What to work on:
Write the line that contains "Apartment Code: FB-V-14" and each one after it, word for word, ending with the final line of the data.

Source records
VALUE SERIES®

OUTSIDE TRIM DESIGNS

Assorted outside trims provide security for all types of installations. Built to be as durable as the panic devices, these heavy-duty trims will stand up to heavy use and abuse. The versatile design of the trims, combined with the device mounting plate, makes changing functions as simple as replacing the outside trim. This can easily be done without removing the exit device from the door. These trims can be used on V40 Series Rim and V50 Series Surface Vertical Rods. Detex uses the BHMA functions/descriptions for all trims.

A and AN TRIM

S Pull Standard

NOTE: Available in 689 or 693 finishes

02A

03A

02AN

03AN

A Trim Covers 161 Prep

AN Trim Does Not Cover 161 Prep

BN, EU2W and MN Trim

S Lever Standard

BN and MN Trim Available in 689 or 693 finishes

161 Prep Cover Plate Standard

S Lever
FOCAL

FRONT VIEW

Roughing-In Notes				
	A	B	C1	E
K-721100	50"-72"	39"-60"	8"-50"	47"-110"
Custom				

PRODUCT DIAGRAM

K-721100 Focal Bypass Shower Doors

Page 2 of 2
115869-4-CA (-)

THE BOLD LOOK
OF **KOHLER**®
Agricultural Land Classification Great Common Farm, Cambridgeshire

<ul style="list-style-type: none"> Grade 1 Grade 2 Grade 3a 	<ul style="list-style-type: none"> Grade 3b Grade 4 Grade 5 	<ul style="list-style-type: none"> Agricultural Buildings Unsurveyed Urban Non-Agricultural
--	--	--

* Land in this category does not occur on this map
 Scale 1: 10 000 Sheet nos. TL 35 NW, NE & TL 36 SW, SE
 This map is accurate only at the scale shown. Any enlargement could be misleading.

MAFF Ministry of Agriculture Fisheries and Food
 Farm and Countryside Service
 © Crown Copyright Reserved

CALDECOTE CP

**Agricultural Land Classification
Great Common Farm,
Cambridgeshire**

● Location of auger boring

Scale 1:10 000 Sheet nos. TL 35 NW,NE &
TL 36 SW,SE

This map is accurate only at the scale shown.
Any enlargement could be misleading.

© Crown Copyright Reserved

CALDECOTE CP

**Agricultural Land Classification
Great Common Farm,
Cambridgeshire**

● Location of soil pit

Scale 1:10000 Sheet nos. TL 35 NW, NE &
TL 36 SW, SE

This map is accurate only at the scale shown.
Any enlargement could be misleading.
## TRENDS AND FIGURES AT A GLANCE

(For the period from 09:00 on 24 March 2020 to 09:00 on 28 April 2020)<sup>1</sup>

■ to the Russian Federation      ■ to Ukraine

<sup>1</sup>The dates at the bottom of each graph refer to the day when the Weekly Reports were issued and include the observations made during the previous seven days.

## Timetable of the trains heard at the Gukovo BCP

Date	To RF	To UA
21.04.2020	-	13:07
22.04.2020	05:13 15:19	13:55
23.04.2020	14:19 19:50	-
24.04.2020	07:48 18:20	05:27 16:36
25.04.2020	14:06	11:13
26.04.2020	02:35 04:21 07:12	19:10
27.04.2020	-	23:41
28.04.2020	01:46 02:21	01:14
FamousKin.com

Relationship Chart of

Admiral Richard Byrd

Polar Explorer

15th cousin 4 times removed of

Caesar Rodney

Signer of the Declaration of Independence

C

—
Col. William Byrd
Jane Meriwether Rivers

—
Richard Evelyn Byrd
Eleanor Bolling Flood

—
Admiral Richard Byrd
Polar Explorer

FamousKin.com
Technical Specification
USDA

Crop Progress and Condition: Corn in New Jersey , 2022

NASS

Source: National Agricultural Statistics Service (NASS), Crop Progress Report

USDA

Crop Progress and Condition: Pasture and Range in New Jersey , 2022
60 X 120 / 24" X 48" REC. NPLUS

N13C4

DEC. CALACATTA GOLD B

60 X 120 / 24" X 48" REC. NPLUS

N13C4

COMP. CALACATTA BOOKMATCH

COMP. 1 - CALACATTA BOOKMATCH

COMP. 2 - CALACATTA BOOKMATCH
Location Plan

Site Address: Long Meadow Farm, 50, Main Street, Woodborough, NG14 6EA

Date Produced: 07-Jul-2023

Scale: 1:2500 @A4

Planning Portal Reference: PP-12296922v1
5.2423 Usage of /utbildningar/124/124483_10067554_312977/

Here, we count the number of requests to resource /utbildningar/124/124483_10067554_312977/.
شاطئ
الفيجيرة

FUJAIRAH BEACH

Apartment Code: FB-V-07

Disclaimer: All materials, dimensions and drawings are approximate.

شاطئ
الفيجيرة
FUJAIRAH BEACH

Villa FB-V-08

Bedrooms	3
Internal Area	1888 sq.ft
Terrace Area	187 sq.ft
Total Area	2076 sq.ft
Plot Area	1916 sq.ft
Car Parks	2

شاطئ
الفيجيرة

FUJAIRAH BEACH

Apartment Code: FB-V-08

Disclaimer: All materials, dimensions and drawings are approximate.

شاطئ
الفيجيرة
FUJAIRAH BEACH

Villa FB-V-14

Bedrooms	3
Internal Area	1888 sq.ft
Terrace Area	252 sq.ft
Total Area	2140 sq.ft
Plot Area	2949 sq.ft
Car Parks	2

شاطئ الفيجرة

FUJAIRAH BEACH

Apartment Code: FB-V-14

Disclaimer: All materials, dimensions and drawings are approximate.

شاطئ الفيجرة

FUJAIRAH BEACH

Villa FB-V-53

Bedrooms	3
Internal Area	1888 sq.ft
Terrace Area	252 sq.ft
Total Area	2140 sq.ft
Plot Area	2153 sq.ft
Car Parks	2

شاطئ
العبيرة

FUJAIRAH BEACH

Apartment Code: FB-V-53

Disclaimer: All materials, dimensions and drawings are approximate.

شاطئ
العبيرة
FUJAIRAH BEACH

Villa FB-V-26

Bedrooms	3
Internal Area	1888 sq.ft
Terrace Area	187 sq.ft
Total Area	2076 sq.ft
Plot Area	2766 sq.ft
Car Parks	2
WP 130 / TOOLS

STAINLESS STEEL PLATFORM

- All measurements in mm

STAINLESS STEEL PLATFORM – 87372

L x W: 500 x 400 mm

Solution to the problem:
Apartment Code: FB-V-14

Disclaimer: All materials, dimensions and drawings are approximate.

شاطئ الفيجرة

FUJAIRAH BEACH

Villa FB-V-53

Bedrooms	3
Internal Area	1888 sq.ft
Terrace Area	252 sq.ft
Total Area	2140 sq.ft
Plot Area	2153 sq.ft
Car Parks	2

شاطئ
العبيرة

FUJAIRAH BEACH

Apartment Code: FB-V-53

Disclaimer: All materials, dimensions and drawings are approximate.

شاطئ
العبيرة
FUJAIRAH BEACH

Villa FB-V-26

Bedrooms	3
Internal Area	1888 sq.ft
Terrace Area	187 sq.ft
Total Area	2076 sq.ft
Plot Area	2766 sq.ft
Car Parks	2
WP 130 / TOOLS

STAINLESS STEEL PLATFORM

- All measurements in mm

STAINLESS STEEL PLATFORM – 87372

L x W: 500 x 400 mm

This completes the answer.